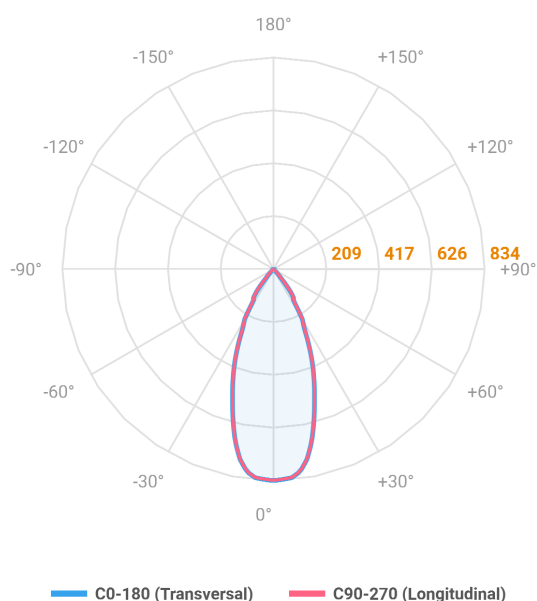

VENUS QUADRADA EMBUTIR NO-FRAME M GESSO FACHO DIRECIONAVEL 40° 6W COBCOMFY 2500K IRC95 (OPÇÕESPBE)

datasheet gerado em
20-06-26

REF.: VENUS-X-QD-NF-GE-OR140-6-COBCOMFY-25-95-M-(OPÇÕESPBE)

A = 130mm | B = 160mm | C = 160mm

Aplicação	Ambiente interno
Instalação	Embutir No-Frame Gesso
Altura	130
Largura	160
Comprimento	160
IP	20
Corpo	Alumínio
Cor	Branca, Preta ou Especial
Ótica principal	Refletor
Potência	6W
Fluxo Luminária	493lm
Intensidade	833cd
Eficácia	82lm/W
Facho	40°
CCT	2500K
IRC	>95
Tensão	220V ou Bivolt
Dimerização	Liga/Desliga, Dali, 0-10 ou Triac
Garantia	5 anos
UGR	Espaçamento 1m (4H/8H) - <2/<2
Tipo de LED	COBcomfy
Vida útil	50.000 (ta<25°C)
Eficácia do LED	114lm/W
Fluxo Luminoso do LED	633,95lm
Potência do LED	5,56W
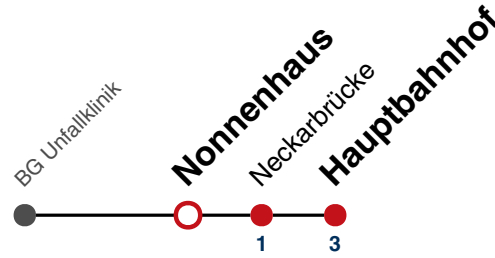

Fahrplanauskünfte rund um die Uhr:
 naldo-App & landesweite Fahrplanauskunft
 (0800 29 82 743, kostenlos)

X15

Calwerstraße → Hauptbahnhof

Gültig ab 10.12.2023

	Mo - Fr (Normal)	Mo - Fr (Ferien)	Samstag	Sonn-/Feiertag
05				
06				
07				
08				
09				
10				
11				
12				
13				
14	16 26 36 46 56			
15	06 16 26 36 46 56			
16	06 16 26 36 46 56			
17	06			
18				
19				
20				
21				
22				
23				
00				
01				

Fahrplanauskünfte rund um die Uhr:
 naldo-App & landesweite Fahrplanauskunft
 (0800 29 82 743, kostenlos)

X15

Nonnenhaus → Hauptbahnhof

Gültig ab 10.12.2023

	Mo - Fr (Normal)	Mo - Fr (Ferien)	Samstag	Sonn-/Feiertag
05				
06				
07				
08				
09				
10				
11				
12				
13				
14	17 27 37 47 57			
15	07 17 27 37 47 57			
16	07 17 27 37 47 57			
17	07			
18				
19				
20				
21				
22				
23				
00				
01				

Fahrplanauskünfte rund um die Uhr:
 naldo-App & landesweite Fahrplanauskunft
 (0800 29 82 743, kostenlos)

X15

Neckarbrücke → Hauptbahnhof

Gültig ab 10.12.2023

	Mo - Fr (Normal)	Mo - Fr (Ferien)	Samstag	Sonn-/Feiertag
05				
06				
07				
08				
09				
10				
11				
12				
13				
14	19 29 39 49 59			
15	09 19 29 39 49 59			
16	09 19 29 39 49 59			
17	09			
18				
19				
20				
21				
22				
23				
00				
01				

Fahrplanauskünfte rund um die Uhr:
 naldo-App & landesweite Fahrplanauskunft
 (0800 29 82 743, kostenlos)

X15

Hauptbahnhof → BG Unfallklinik

Gültig ab 10.12.2023

	Mo - Fr (Normal)	Mo - Fr (Ferien)	Samstag	Sonn-/Feiertag
05				
06				
07	29 39 49 59			
08	09 19 29 39			
09				
10				
11				
12				
13				
14				
15				
16				
17				
18				
19				
20				
21				
22				
23				
00				
01				
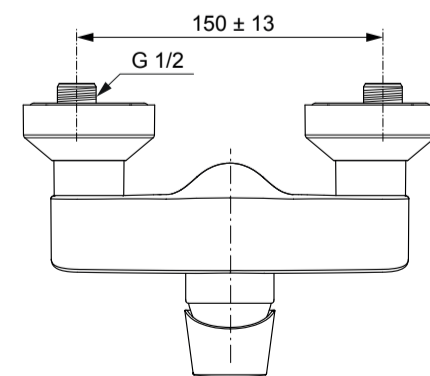

XX = AA, GN, ...

Pos.	Part No.	
1	A 861 405 XX	
2	B 961 373 XX	
3	B 961 374 NU	
4	B 960 650 NU	
5	A 861 181 NU	
6	A 861 156 NU	
7	A 963 651 NU	
8	A 962 594 NU	
9	A 961 182 NU	
10	A 961 139 NU	
11	B 960 647 AA	A 7032 AA
12	A 962 077 XX	A 7032 XX

P	50°C	15°C	0	1	2	3	4	5
			°C	°C	°C	°C	°C	°C
0,3 MPa 3 bar	50°C	15°C	50	49	44	40	35	33
	65°C	15°C	65	63	57	50	44	40
	85°C	15°C	85	83	74	64	56	50

Ideal Standard

**CONNECT AIR**  
 A 7032 ..

0721 / A 868 371  
 Made in Germany
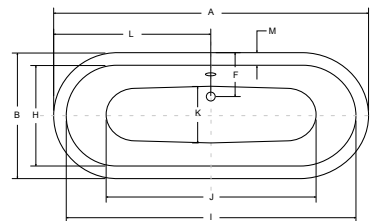

ALIANO

- Vana je vyrobená z materiálu akrylát / sanitární kompozit (bílá barva / ostatní barvy)
- Rozměry: 190 × 70 cm
- Objem vody 200 l
- Bílá barva standardní, za černou příplatek 20 % k ceně za bílou barvu, jiné barvy dle vzorníku RAL za příplatek 100 % k ceně za bílou barvu
- Vanu je možné dodat ve dvoubarevném provedení, jiná barva vnitřní a venkovní strany
- Vana je standardně dodávána bez sifonu
- Za příplatek možné dodat se sifonem retro click – clack, nebo retro s přepadem

Není třeba obezdívat
a obkládat!
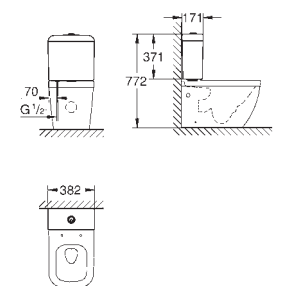

39 332 000 N

alpská bílá

133,00

Euro Ceramic Splachovací nádrž

se spodním napouštěním
podomítková vpusť a výpust'
včetně splachovacího setu s duálním splachováním
včetně montážní sady
glazovaná hladká keramika
18 ks na paletě
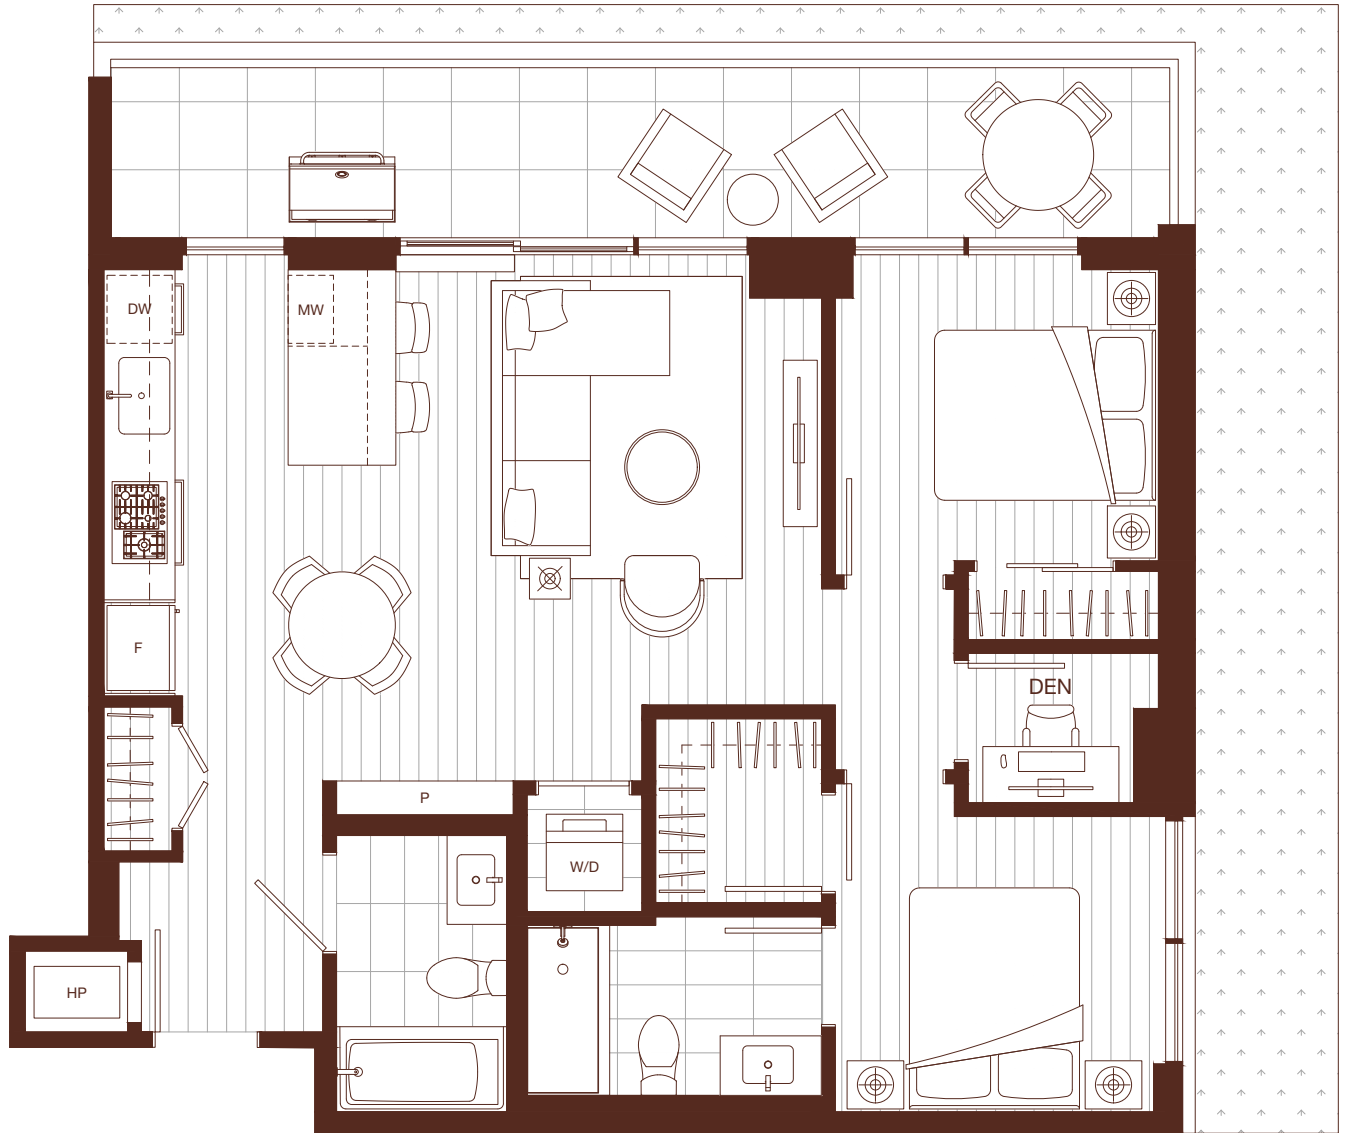

D7

2 BEDROOM. 2 BATH + DEN
INTERIOR: 846 SQ FT
EXTERIOR: 154 SQ FT

Harlin

Level 8
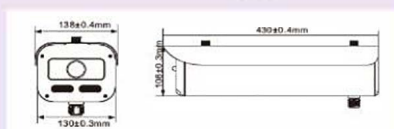

دوربین ۴ مگاپیکسل پلاک خوان تحت شبکه
فریم: 30fps @ (2592 × 1520) 4MP
لنز: موتورایز 8 ~ 32mm
فشرده سازی: H265+
WDR: 120db
منبع تغذیه: DC24V/AC24V/POE
استاندارد: IP67
دید در شب: ۱۲۰ متر
پشتیبانی از: ۳ استریم پخش
Micro-SD: تا حداکثر ۲۵۶ گیگابایت
Audio: دارای یک ورودی و یک خروجی صدا
MIC: دارای یک میکروفون داخلی
Alarm: دارای ۲ ورودی و ۲ خروجی آلارم
پشتیبانی از:
3D DNR, true WDR, HLC, BLC and ROI coding
حالت های اسمارت:

video exception detection
License plate recognition 7~30m
Capture Speed Range 0~120km/h

جنس بدنه: بدنه بزرگ فلزی
ابعاد دوربین: 430 × 138 × 108
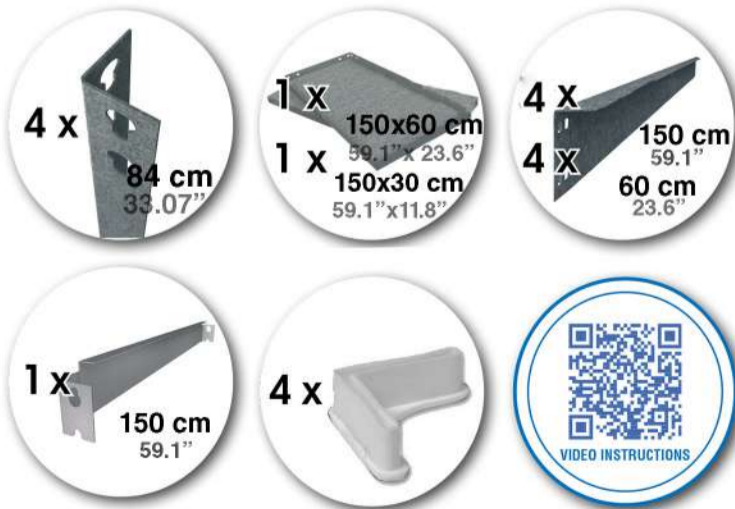

Garden Desk Mobile

91.5 x 150 x 60 cm

36" x 59.1" x 23.6"

5 Años Garantía
Years Guarantee
Jahre Garantie
Ans Garantie
Anos de Garantia
SIMONRACK

*MEDIDAS EN USO / USED MEASUREMENTS
MASSNAHMEN IM EINSATZ / MEASURES EN EMPLOI / MEDIDAS EM USO:
915 x 1510 x 610 mm (36" x 59.4" x 24")
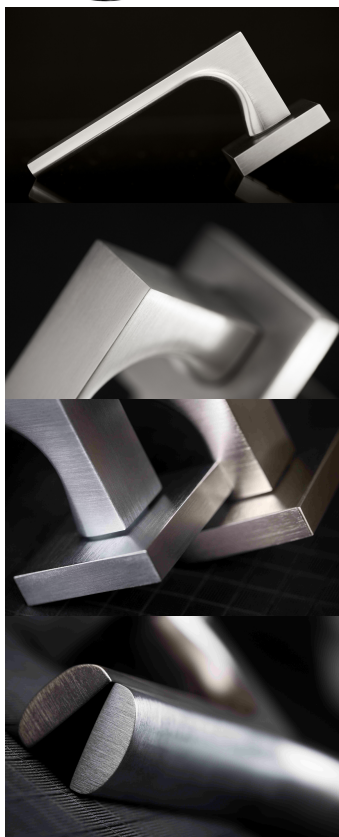

TUKE HTSI DEF klička+madlo bezpečnostné kovanie s prekrytím XR inox chróm (nerez)

» DVERNÉ KOVANIA » BEZPEČNOSTNÉ A OCHRANNÉ » Štítové s prekrytím

Dodávateľské číslo	HS107930
Značka	TWIN
Kód produktu	MP03800-9540

Povrch:

CM - čierny mat

CH-SAT - chrom matný (prekrytka je CH - chrom lesklý)

XR - inoxchrom

Provedení:

KPZL - klika - koule, klika směřuje vlevo

KPZR - klika - koule, klika směřuje vpravo

Překrytky u kování v povrchu CH-SAT jsou v povrchu CH (viz výše).

Sladte si celý svůj domov - interiérové, bezpečnostní i okenní kování v jednotném designu.

Výběr prémiových povrchových úprav.

[prohlášení o shodě](#)

Rozměry:

Model Tuke navrhl Brian Sironi.
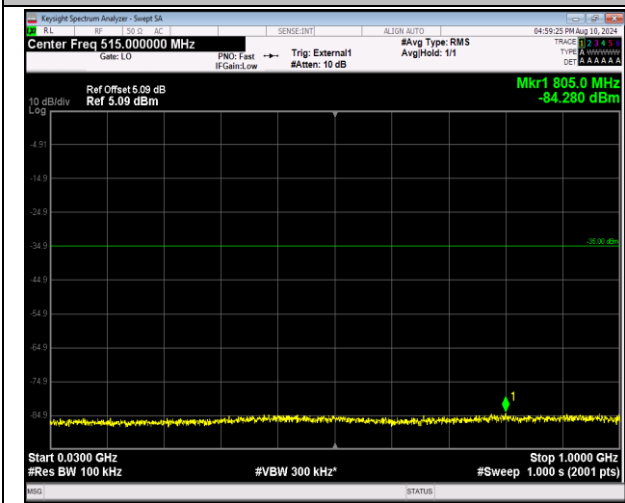

41-41-20MHz-10MHz-16QAM-16QAM-40571-40715-1RB
#0-ORB#0-30~1000MHz-PASS

41-41-20MHz-10MHz-16QAM-16QAM-40571-40715-1RB
#0-1RB#49-30~1000MHz-PASS

Task instructions:
For the data shown above, give the number of lines where the word "Fluxo" appears, and nothing else.

Response to the exercise:
2